__What you need to do__
Determine how many of the lines below hold the word "tarief". Give the number and nothing else.

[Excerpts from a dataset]
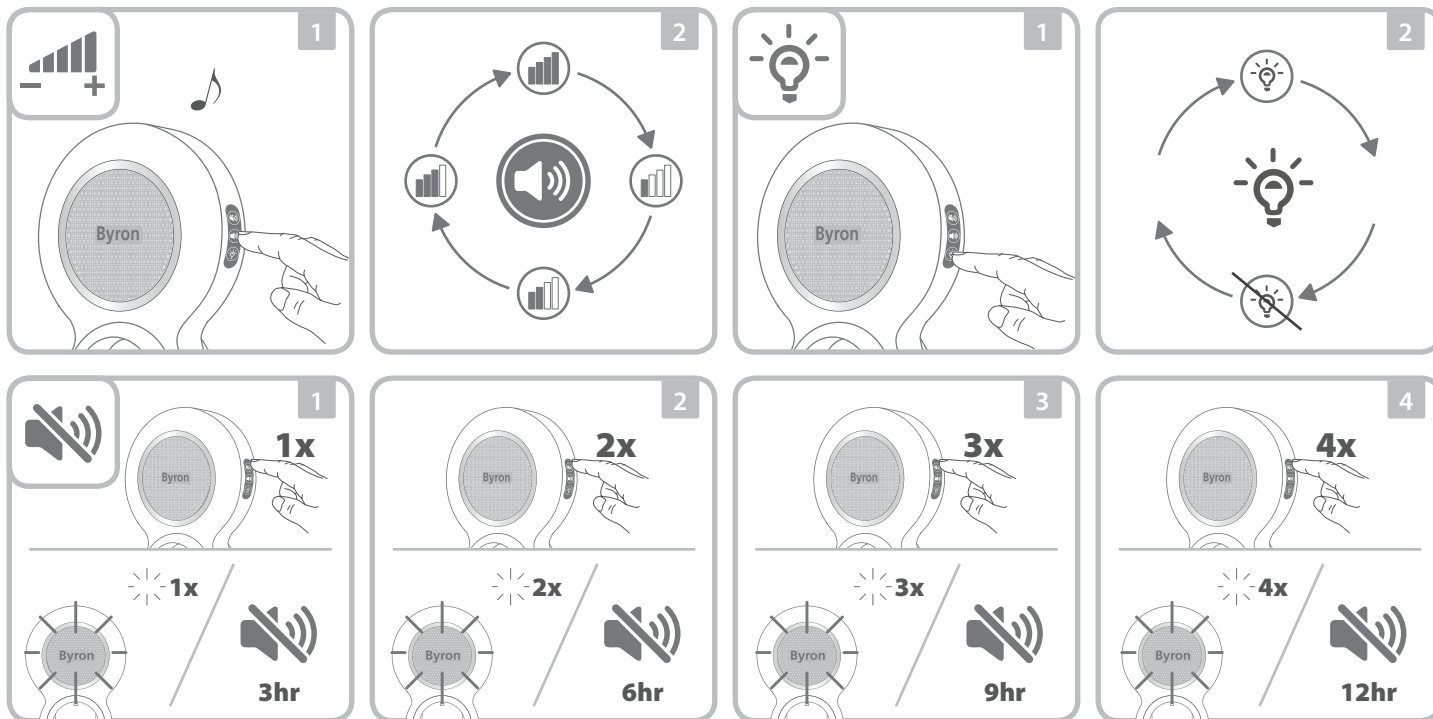

TROUBLESHOOTING | FEHLERBEHEBUNG | RÉSOLUTION DE PROBLÈMES | PROBLEMEN OPLOSSEN | RISOLUZIONE DEI PROBLEMI | SOLUCIÓN DE PROBLEMAS

WWW.CHBYRON.EU

Or contact us directly:

smartwares Europe Jules Verneweg 87 5015 BH Tilburg The Netherlands www.chbyron.eu	NL: 088 5940501	Lokaal tarief	CUSTOMER SERVICE
	BE: 078 481094(NL)	Lokaal tarief	
	BE: 078 481540(FR)	Tarif local	
	FR: 0825 560 650	18ct/min	
	DE: +49 (0) 1805 010762	14Ct./Min. dt. Festnetz, Mobil max. 42Ct./Min	
	UK: +44 (0) 345 230 1231		
	ES: +34 938427589		

Find us on

Conforms to all relevant European Directives.

Frequency band: 433.92MHz (433.050 - 434.790 MHz)
Maximum radio-frequency power: +5.92dB
Range: 200 meters
Maximum wattage: 3680W

Wireless Doorbell DBY-23513
Power: 220-240V – 50 Hz
Indoor Use Only

Push button - DBY-23510
Power supply: 1 x CR2032 3V
IP44 Weather Resistant
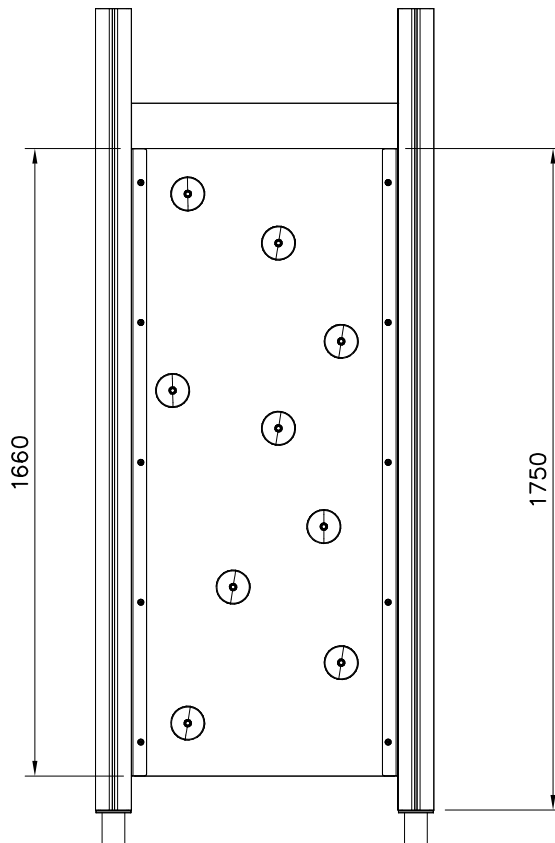

BOOM OPTIONS		
706510	706510-602	DARK BROWN
	706510-603	LIGHT BROWN
	706510-604	LIGHT GRAY
		
45x120x1030		

DET 1

DET 2 M8x60
(909866)

DET 3

OPTIONS		
706475	706475-602	DARK BROWN
	706475-603	LIGHT BROWN
	706475-604	LIGHT GRAY
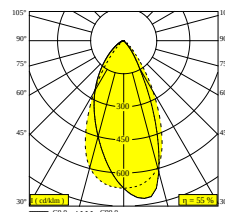

Bekijk op website

Algemene info

LOCATIE	binnen
INSTALLATIE	Laagspanningssystemen Laagspanningssysteem montage
STOF EN WATERDICHTHEID	IP20
GEWICHT (KG)	0.3
RICHTBAARHEID	0° tot 85° zwenkbaar, 360° roteerbaar
INFO	WALLWASH LENS EXCLLED POWER SUPPLY 48V-DC

Elektrische info

ELEKTRISCH	48V-DC
KLASSE	III
DIM TYPE	DALI
ENERGIE KLASSE	E

Info lichtbron

LIGHTSOURCE NAME	LED
LICHTBRON	LED array 5,8W / CRI>90 (R9: 60) / 2700K / 753lm
TM-30 WAARDEN	rf: 89 / Rg: 100
SMDC	SDCM1
RISK-GROEP	RG1
LM80	L90B10 > 50000
LED TECHNIEK (LICHTBRON)	753lm // 5,8W // 129lm/W
LED TECHNIEK (TOESTEL)	413lm // 6,7W // 62lm/W

Benodigdheden

LED POWER SUPPLY 48V-DC

Voor gedetailleerde montage gegevens, consulteer de handleiding : [23434_XXX5_HAND.pdf](#)
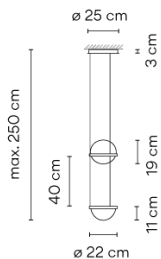

3724

Diseñado por Antoni Arola

La naturaleza toma el control del espacio. Con las luminarias colgantes que permiten integrar plantas en las composiciones de iluminación, el ambiente interior adquiere vida propia.

Ficha de modelo

Opcional: Longitud extra de cable
Min. se aplican cantidades, recargos y plazos de entrega adicionales [EN]

Acabado	18 Grafito ADAPTA RF 9913 WX
	93 Blanco RAL 9016
Temperatura de color LED	2700 K / 3000 K / 4000 K
Regulación	1-10V PUSH / CASAMBI / DALI

Tipo de instalación Surface Canopy

Materiales Perfil: Aluminio
Difusor: Vidrio soplado
Macetero: PMMA

Fuente de luz 2 x LED 4,6W 500mA

LED CRI>90
2700 K / 3000 K / 4000 K

Driver Corriente Constante 500
110-240 V V 50-60 Hz HZ

Observaciones Plantas no incluidas

Dimmable

LED

IP20

Bi-volt

Dry Location

50-60Hz

Aplicación Lámparas colgantes

Embalaje 1 Bulto
0.39 m x 0.31 m x 0.63 m
Peso bruto 5.21
Peso neto 3.35
Vol. 0.0761

Efecto lumínico

Iluminación general

Luminaria de iluminación general que distribuye la luz en todas direcciones por igual.

Datos fotométricos

Eficiencia	1
Sistema de coordenadas	CG
Flujo total	576.51 lm
Valor máximo	67.81 cd/klm

__Result of the task__
2